Even when your financial services provider gets its website security wrong, taking these precautions could make it harder for fraudsters to clean out your bank account.

What should I do if I get an e-mail from my bank?

Log-in screen
'Don't be a mug': Protect your password

Ignore the deluge of e-mails that allegeldy come from your bank, credit card provider or online payment system, which ask you to click on a link to go online and "reconfirm" your personal details - including pin number, password and credit card security codes.

Your bank will never ask for your log in and password by e-mail.

If you receive an e-mail asking for such details or asking you to update your details, it is likely to be a "phishing" scam.

The scams are perpetrated by fraudsters who send random e-mails to internet users asking them to update their banking details for security reasons.
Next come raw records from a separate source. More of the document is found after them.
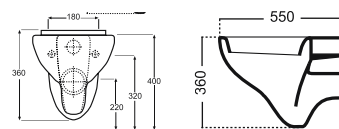

WC-Sitz
für alle WCs
Farbe: weiß
Art. Nr. 40440 2

Wand-WC Tiefspüler

ohne WC-Sitz
Farbe: weiß
Art. Nr. 04110 2

But the e-mails direct users to spoof websites - at times very convincing replicas of real banking websites - to harvest the details of the banking customer's password and pin.

If customers fall for the scam, the fraudsters can gain access to their bank accounts or use them to launder money.

Always access your internet bank by typing the bank's address into your web browser and never go to a website from a link in an e-mail and enter your personal details.

If in doubt, call the bank.

What happens if I've become a victim of internet fraud?

Being defrauded online is an invasion of privacy and a hassle to sort out.

However, most banks tend to be sympathetic to consumers who are affected.

If the fraud was not your fault and you took all reasonable precautions to avoid it, banks will generally reimburse users.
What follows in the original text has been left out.